Records supplied –
====

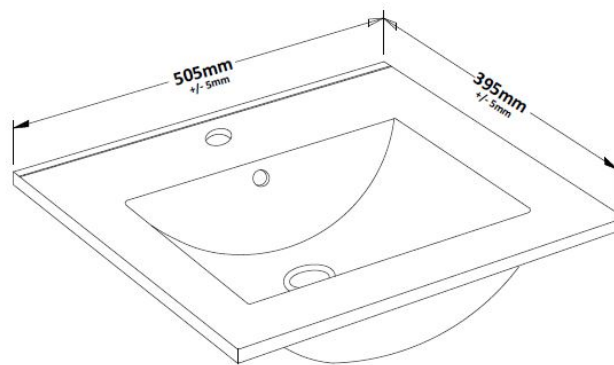

Packaging Dimensions

Height (mm):	830
Width (mm):	520
Depth (mm):	405
Gross Weight (kg):	21

Packaging Data

Box Colour:	Brown Cardboard Box
Box Qty:	1
Label Size:	100 x 50
Label Colour:	White Label
Label Qty:	2

Outer Box Dimensions (If Applicable)

Height (mm):	
Width (mm):	
Depth (mm):	
Gross Weight (kg):	
Barcode:	5056211891727

Product Details

Country of Origin:	China
Fitting Instruction:	No
Certification:	FSC: Yes CE: N/A
Colour:	Satin White
Construction Method:	Cam & Wood Dowel
Construction Type:	Rigid
Cabinet Finish:	MFC Painted Matt
Fascia Finish:	Mdf Painted Matt
Cabinet Thickness (mm):	18
Fascia Thickness (mm):	18
Drawer Included:	No
Drawer Type:	Not Applicable
No of Shelves:	1
Hinge Type:	95 Degree Clip-On Soft Close
Hinge Included:	Yes, Supplied
Adjustable Legs:	No, Not Required
Fixings Included:	Yes
Handle Style:	Modern
Handle Included:	Yes, Supplied
Waste Shroud:	No
Handle Type:	Drop

Sales Code: NVM001

Description: 500mm Minimalist Basin 1Th

Product Dimensions

Height (mm):	170
Width (mm):	500
Depth (mm):	390
Nett Weight (kg):	9

Packaging Dimensions

Height (mm):	400
Width (mm):	520
Depth (mm):	200
Gross Weight (kg):	9

Packaging Data

Box Colour:	Brown Cardboard Box
Box Qty:	1
Label Size:	105 x 50
Label Colour:	White Label
Label Qty:	1

Outer Box Dimensions (If Applicable)

Height (mm):	
Width (mm):	
Depth (mm):	
Gross Weight (kg):	
Barcode:	5055275828670

====

Exercise brief – If a line in the records holds the string "Label", count it, and give only the total.

Response – 6